(Records from a data collection)
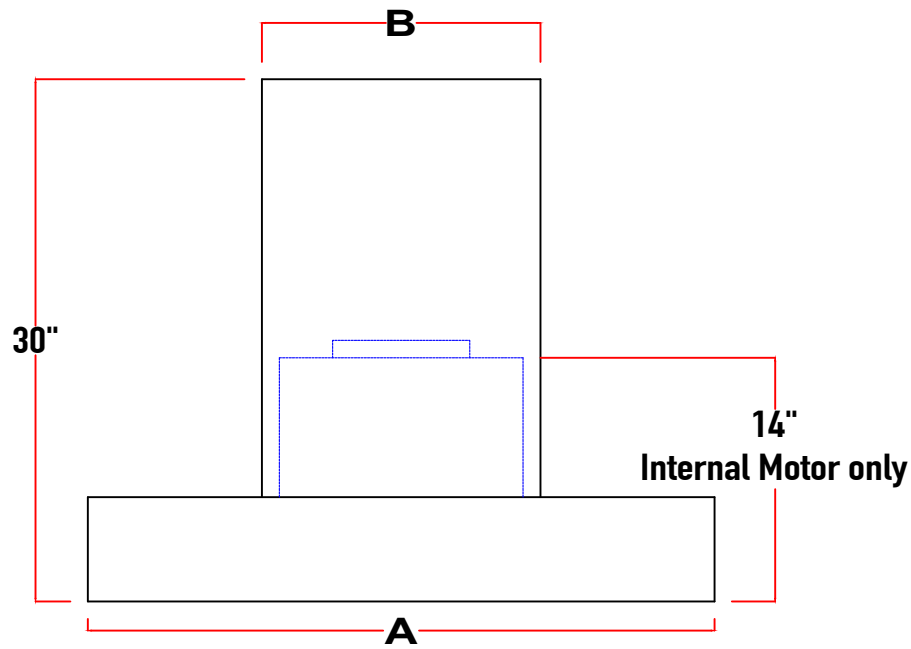

A	30"	36"	42"	48"	54"	60"	66"
B	16" (200 cfm - 600 CFM & external motor); 24" (900 cfm - 1200 cfm)						
C							
D							

E	
F	7" (200cfm - 450cfm) 8" (600cfm) 10" (900cfm - 1200cfm) 10" or 8" (external)
G	General Location Shown; Placement may vary
H

_TASK TO COMPLETE_. Filter the records down to the lines that contain the string "external", and copy those lines.

_EXERCISE RESPONSE_.
B	16" (200 cfm - 600 CFM & external motor); 24" (900 cfm - 1200 cfm)						
F	7" (200cfm - 450cfm) 8" (600cfm) 10" (900cfm - 1200cfm) 10" or 8" (external)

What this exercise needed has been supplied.